• [What this task involves]: In the entries that follow, find each line with the word "Noise" and copy it.

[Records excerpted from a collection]
:::::

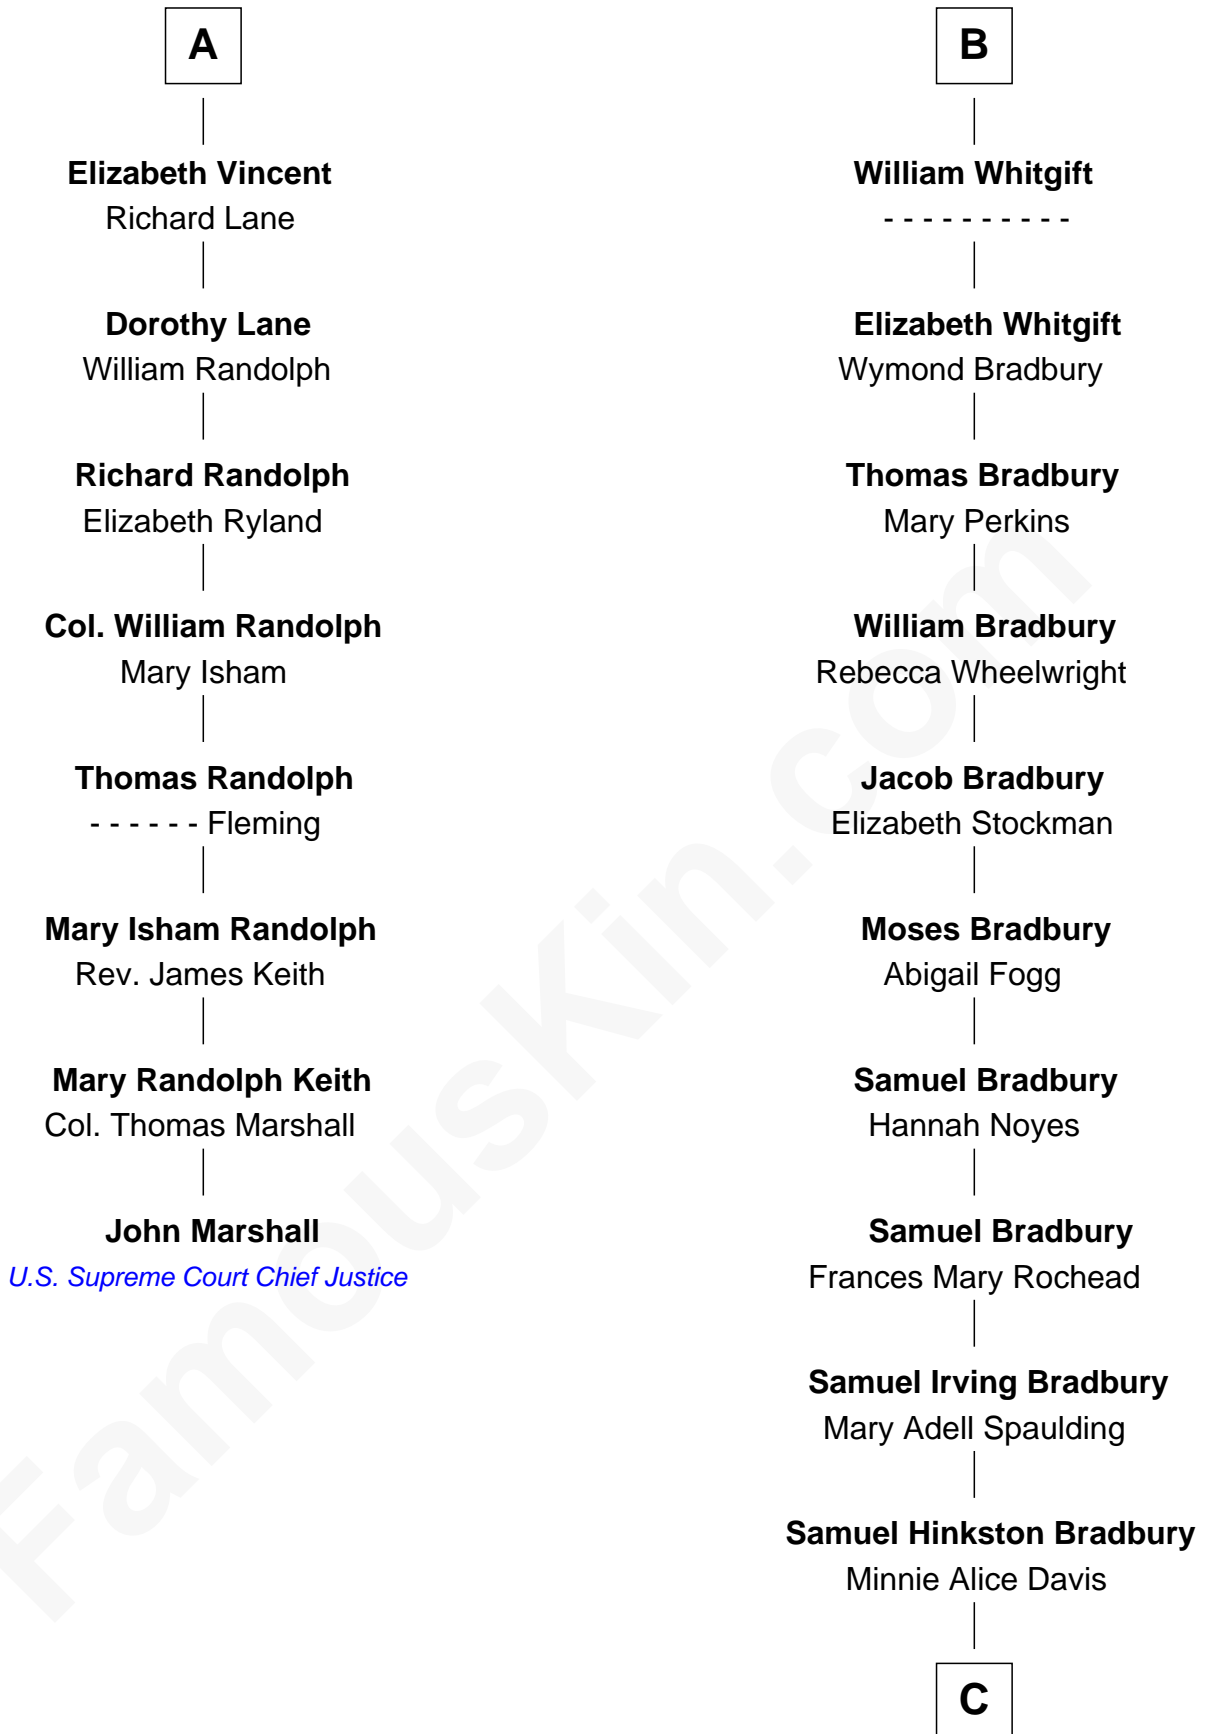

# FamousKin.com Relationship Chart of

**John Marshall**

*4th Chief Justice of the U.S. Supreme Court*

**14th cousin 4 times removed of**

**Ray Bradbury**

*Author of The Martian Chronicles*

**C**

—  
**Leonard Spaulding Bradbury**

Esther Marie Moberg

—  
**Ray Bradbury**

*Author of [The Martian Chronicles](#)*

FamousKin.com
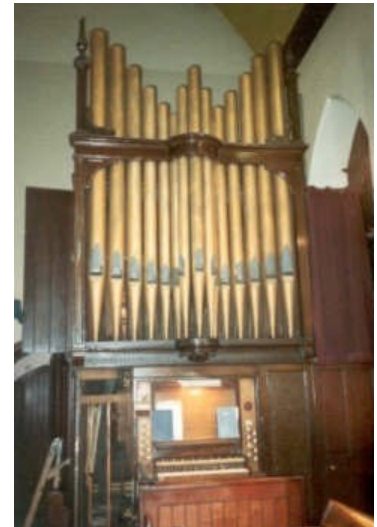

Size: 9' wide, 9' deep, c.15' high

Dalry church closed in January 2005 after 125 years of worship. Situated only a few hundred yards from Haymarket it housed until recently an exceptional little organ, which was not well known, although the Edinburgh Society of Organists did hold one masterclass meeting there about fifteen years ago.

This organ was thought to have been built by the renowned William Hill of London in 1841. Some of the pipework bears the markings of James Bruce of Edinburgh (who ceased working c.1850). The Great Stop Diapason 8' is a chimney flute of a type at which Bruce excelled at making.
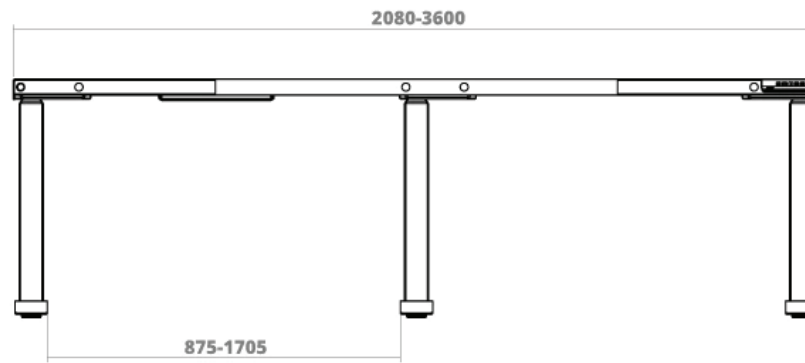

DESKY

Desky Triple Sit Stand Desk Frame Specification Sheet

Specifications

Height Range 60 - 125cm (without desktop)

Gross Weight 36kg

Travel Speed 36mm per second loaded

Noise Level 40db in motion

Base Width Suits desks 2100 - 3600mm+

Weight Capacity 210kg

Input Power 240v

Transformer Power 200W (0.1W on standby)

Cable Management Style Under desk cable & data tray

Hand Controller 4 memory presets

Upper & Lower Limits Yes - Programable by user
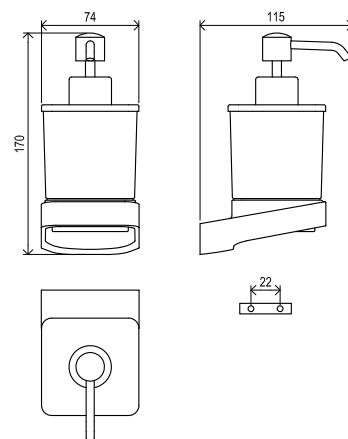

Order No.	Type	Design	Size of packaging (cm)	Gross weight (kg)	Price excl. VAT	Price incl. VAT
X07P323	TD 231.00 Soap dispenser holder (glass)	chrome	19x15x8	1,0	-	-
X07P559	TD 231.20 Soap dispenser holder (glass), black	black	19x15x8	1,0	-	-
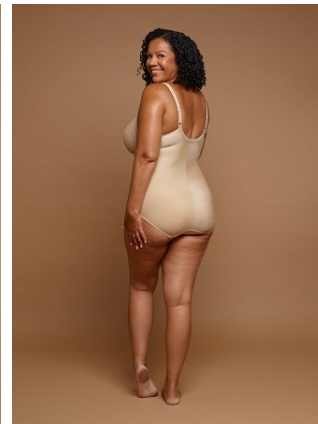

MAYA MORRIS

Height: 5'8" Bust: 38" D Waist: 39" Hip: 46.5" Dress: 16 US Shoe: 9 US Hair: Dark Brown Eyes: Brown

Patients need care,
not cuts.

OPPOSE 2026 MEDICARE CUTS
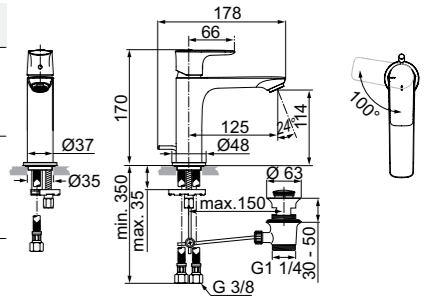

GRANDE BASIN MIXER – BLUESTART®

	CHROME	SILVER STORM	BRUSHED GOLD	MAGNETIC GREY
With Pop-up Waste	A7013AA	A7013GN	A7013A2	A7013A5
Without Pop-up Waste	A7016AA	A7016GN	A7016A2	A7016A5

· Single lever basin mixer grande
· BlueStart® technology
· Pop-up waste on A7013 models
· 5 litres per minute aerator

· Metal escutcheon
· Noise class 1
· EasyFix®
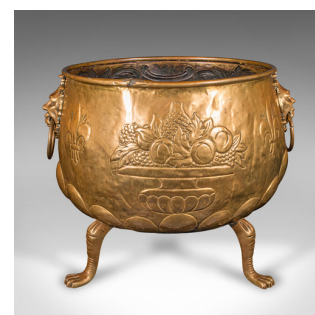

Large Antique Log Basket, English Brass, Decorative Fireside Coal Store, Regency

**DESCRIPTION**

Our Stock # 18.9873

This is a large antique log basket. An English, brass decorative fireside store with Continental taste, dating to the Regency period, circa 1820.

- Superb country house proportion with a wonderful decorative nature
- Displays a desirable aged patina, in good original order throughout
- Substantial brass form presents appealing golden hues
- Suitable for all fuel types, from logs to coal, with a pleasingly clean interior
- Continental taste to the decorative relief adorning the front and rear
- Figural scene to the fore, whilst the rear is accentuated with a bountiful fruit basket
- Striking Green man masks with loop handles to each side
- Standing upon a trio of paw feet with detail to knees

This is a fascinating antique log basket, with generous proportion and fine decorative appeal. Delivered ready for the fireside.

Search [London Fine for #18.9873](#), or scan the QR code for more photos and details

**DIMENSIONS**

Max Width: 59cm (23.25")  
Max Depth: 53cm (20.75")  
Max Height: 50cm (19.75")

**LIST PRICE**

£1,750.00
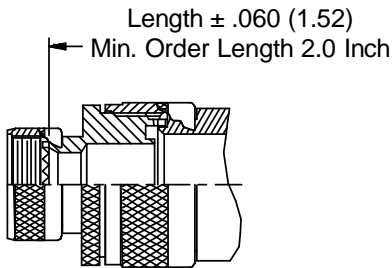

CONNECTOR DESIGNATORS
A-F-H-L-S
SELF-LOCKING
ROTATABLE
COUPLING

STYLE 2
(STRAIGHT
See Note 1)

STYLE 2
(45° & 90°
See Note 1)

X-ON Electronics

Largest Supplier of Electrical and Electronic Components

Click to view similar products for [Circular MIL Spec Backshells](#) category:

:::::

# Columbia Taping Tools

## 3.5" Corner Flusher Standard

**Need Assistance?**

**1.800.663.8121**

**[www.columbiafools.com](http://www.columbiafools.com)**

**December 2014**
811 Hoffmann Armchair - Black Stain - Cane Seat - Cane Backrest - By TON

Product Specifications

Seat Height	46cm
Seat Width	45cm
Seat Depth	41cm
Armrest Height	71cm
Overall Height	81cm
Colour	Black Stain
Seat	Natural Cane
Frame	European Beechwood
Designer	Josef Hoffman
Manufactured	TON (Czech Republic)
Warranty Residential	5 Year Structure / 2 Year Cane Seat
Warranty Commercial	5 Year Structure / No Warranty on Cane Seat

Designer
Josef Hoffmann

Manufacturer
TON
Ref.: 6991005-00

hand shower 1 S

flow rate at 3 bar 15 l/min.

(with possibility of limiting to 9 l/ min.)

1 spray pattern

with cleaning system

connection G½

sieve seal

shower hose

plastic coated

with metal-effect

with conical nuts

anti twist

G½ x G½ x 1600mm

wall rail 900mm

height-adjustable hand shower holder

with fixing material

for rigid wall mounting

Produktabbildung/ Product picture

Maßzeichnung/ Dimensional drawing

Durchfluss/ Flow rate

:::::

• [Reply to the exercise]:
Noise Level 40db in motion
· Noise class 1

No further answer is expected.